There are at least two lessons to be learned here.
First, if you do not understand why you are doing something, you are probably doing it wrong. It is time to start questioning what you are doing, always ask why.
Second. Say too many people misunderstand the purpose of something, thus applies it wrong, and thus is actually producing worse results than before. In our “no comment” example, people would, based on empirical evidence of the practitioners, say that the “no comment”-idea is a joke (since most of its followers are actually writing worse code). So by applying the idea wrong you are probably discrediting the whole idea.
I like to define agile in one sentence: “Ask Why”. “Why should we write this piece of documentation?” “Why should we follow this process?” “Why should we follow this practice?” If we better understand what we are doing, and can adjust our practices accordingly, I think we will get a long way.
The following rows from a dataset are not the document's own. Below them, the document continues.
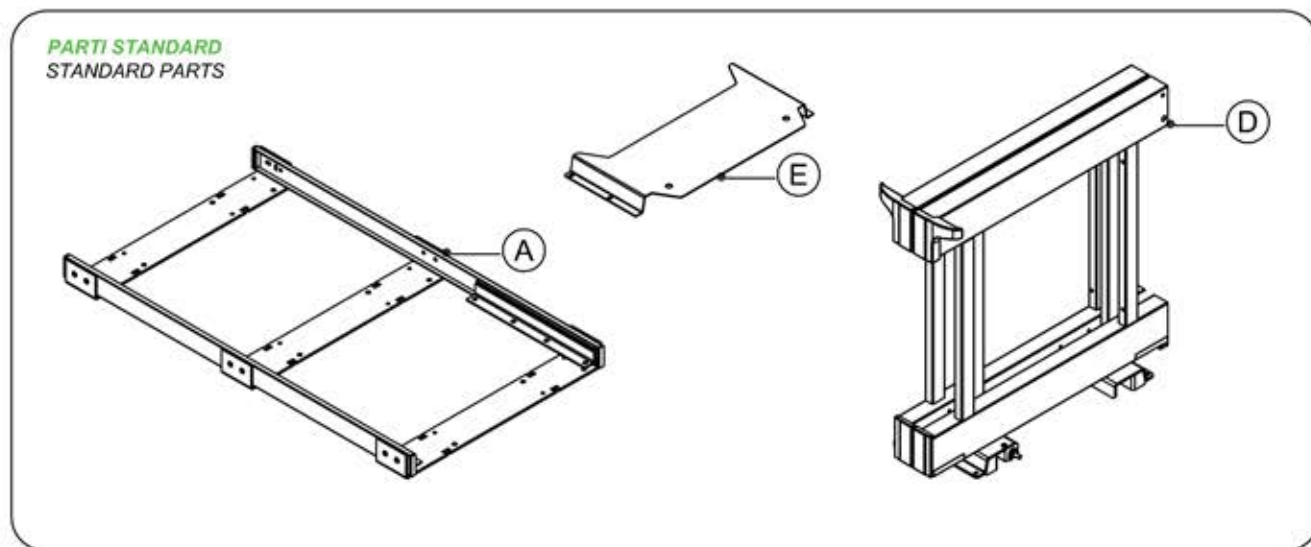

Compact Blind Corner Solutions (WMC-037L/R)

Compact Blind Corner Solutions (WMC-037L/R)

1

2

3

VERSION 45 50 60

VERSION 40

Compact Blind Corner Solutions (WMC-037L/R)

I think this is the core of agile.
- Tore Vestues


I would like to recommend you try reading one of the seminal works on organizational learning, “Situated Learning”, by Lave & Wenger. Although this is not a book dealing specifically with programming, it might offer a more fundamental appreciation of why people do not understand the same thing although they appear to have access to the same information. Why is your “truth” not someone else’s truth? While a discussion on what constitutes sound program development is a legitimate question in one context, the picture tends to blur as you cross the borders between communities of practice that abide by different quality criteria. The multidimensional implications of cross disciplinary development processes are still little understood.